The actual total number of EVS bits is equal to the number of IVAS bits minus the number of header bits minus the actual metadata bitrate, if the total number of actual EVS bits is less than the total number of EVS target bits. then bits are stripped from the EVS channels in the order Z, X, Y, W, and the maximum number of bits that can be stripped from any channel is the EVS target number of bits for that channel. minus the minimum number of EVS bits, and if the total number of actual EVS bits exceeds the number of EVS target bits, then all additional bits are added to the downmix channels in the order W, Y, X, Z. 27. The method of any one of claims 21 to 26, wherein the maximum number of additional bits that can be added to any channel is the maximum number of EVS bits minus the number of EVS target bits. .

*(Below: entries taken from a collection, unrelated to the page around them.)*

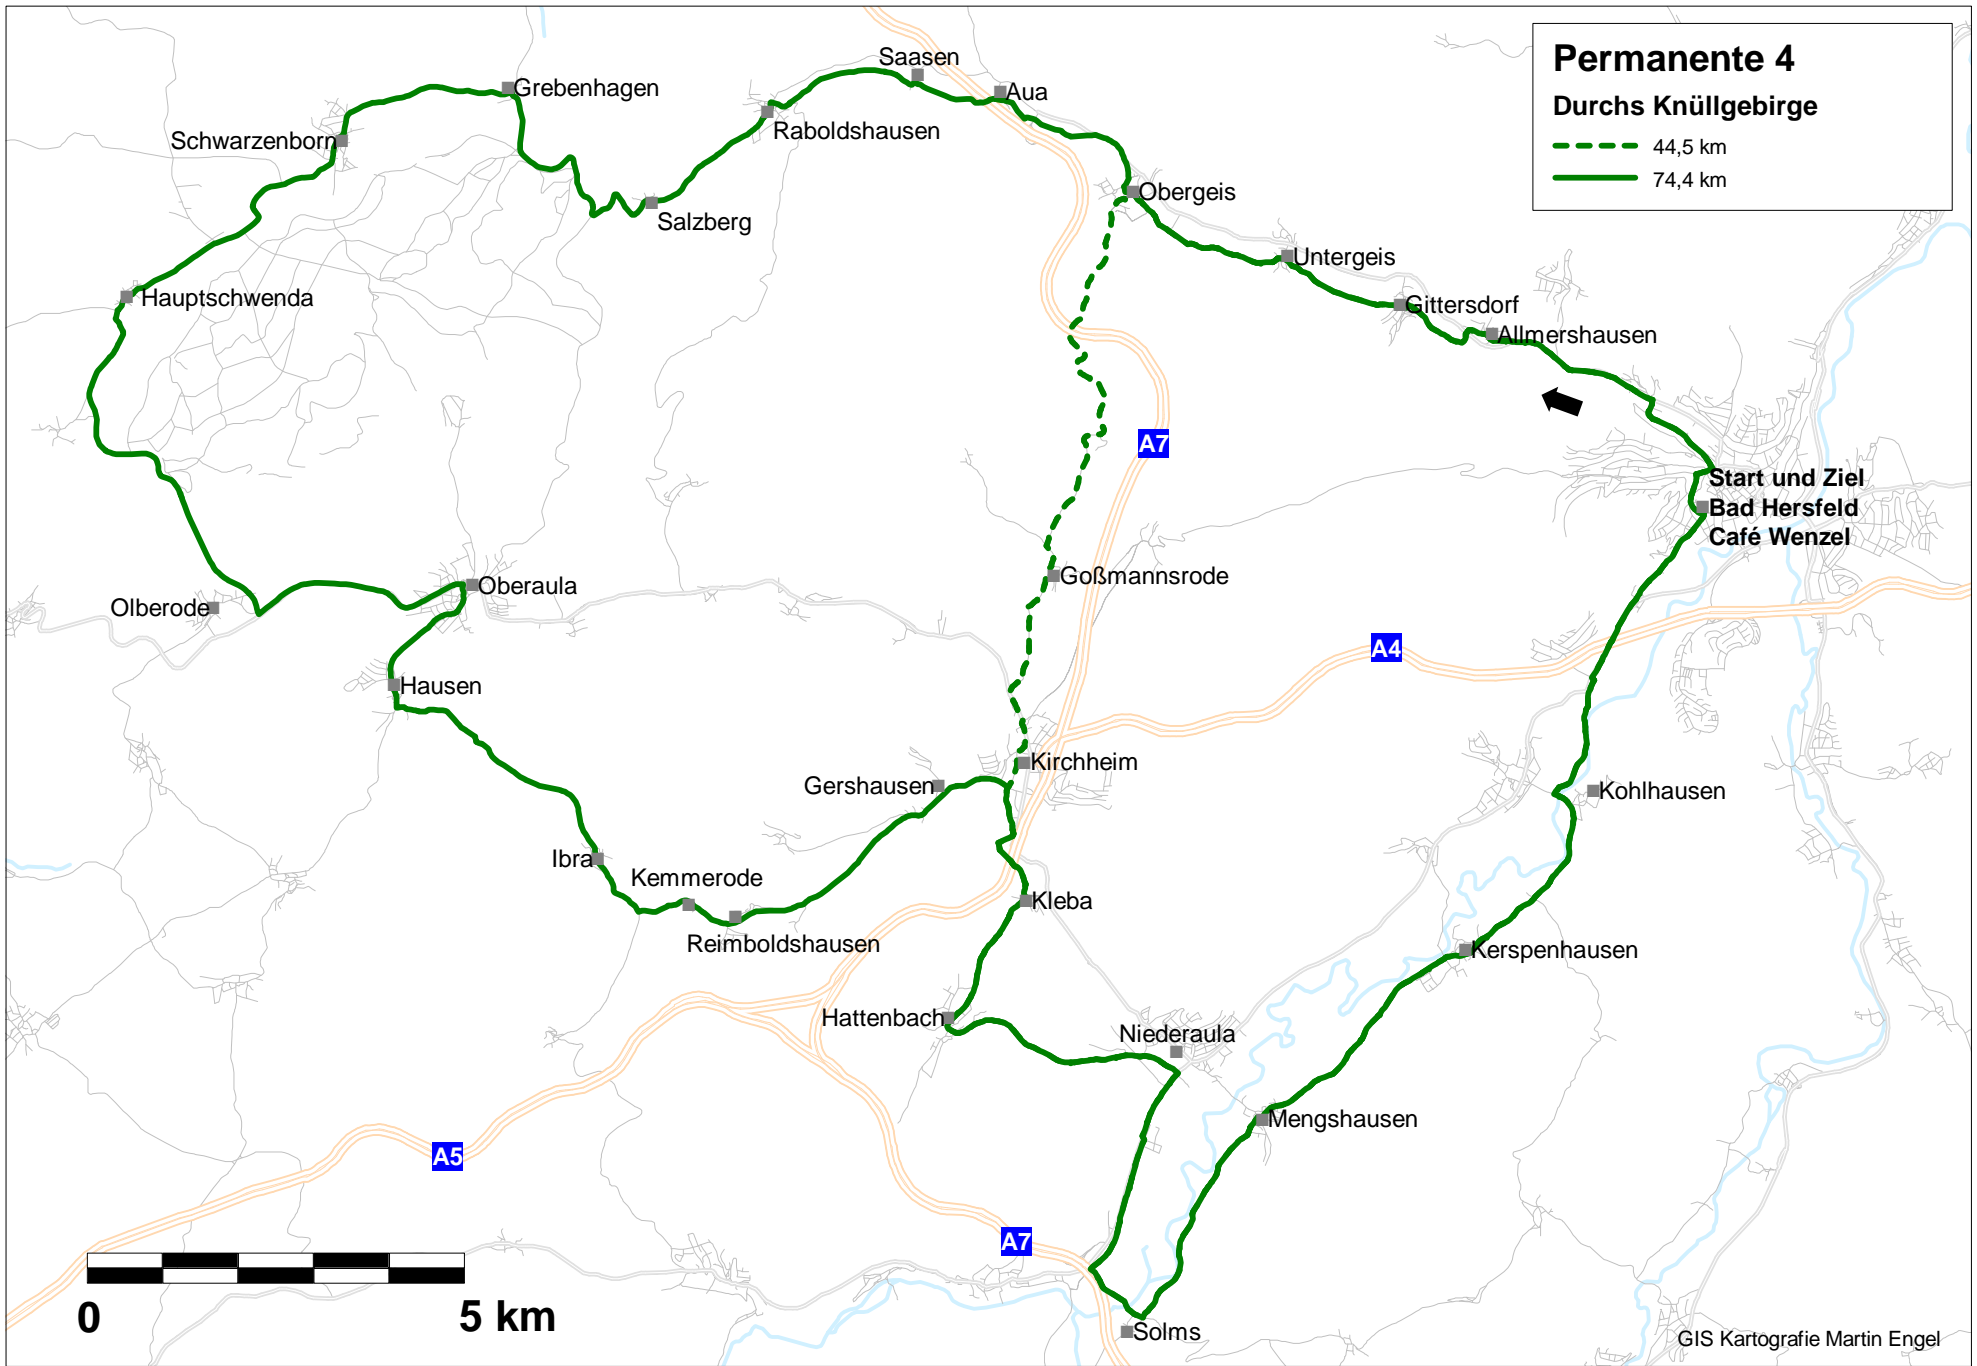

Permanente 1

Im Fuldataal nach Schlitz

74,1 km

Start und Ziel
Bad Hersfeld
Café Wenzel

0 5 km

GIS Kartografie Martin Engel

Permanente 2

In die Kuppenhön

--- 44,9 km

— 74,5 km

Start und Ziel
Bad Hersfeld
Café Wenzel

A4

A7

0

5 km

Permanente 3

Ins Kalirevier im Werratal

- 45,6 km
- 73,9 km

0 5 km

Permanente 5

Vom Fuldata ins Haunetal

--- 46,3 km

— 67,2 km

0

5 km

GIS Kartografie Martin Engel

Permanente 6

Permanent über die Berge

- 52,0 km
- 68,5 km

Permanente 7

Ums Ludwigseck

- 45,0 km
- 72,4 km

A method for decoding an immersive voice and audio service (IVAS) bitstream is:
receiving the IVAS bitstream using one or more processors;
obtaining, using one or more processors, an IVAS bit rate from the bit length of the IVAS bitstream;
obtaining a bitrate allocation control table index from the IVAS bitstream using the one or more processors;
parsing a metadata quantization strategy from a header of the IVAS bitstream using the one or more processors;
using the one or more processors to parse and dequantize the quantized spatial metadata bits based on the metadata quantization strategy;
setting, using the one or more processors, an actual number of Enhanced Voice Service (EVS) bits equal to the remaining bit length of the IVAS bitstream;
table entries in the bitrate allocation control table containing EVS targets and EVS minimum bits for one or more EVS instances using the one or more processors and the bitrate allocation control table index; reading rate and maximum EVS bitrate;
obtaining the actual EVS bitrate for each downmix channel using the one or more processors;
using the one or more processors to decode each EVS channel using the actual EVS bitrate for that channel;
and upmixing the EVS channel to a first order Ambisonic (FoA) channel using the one or more processors.
Method.

one or more processors;
A non-transitory non-transitory readable medium storing instructions which, when executed by said one or more processors, cause said one or more processors to perform the operations of the method of any one of claims 1-29. a computer readable medium;
system.

A non-transitory computer storing instructions which, when executed by one or more processors, cause said one or more processors to perform the acts of the method of any one of claims 1 to 29. readable medium.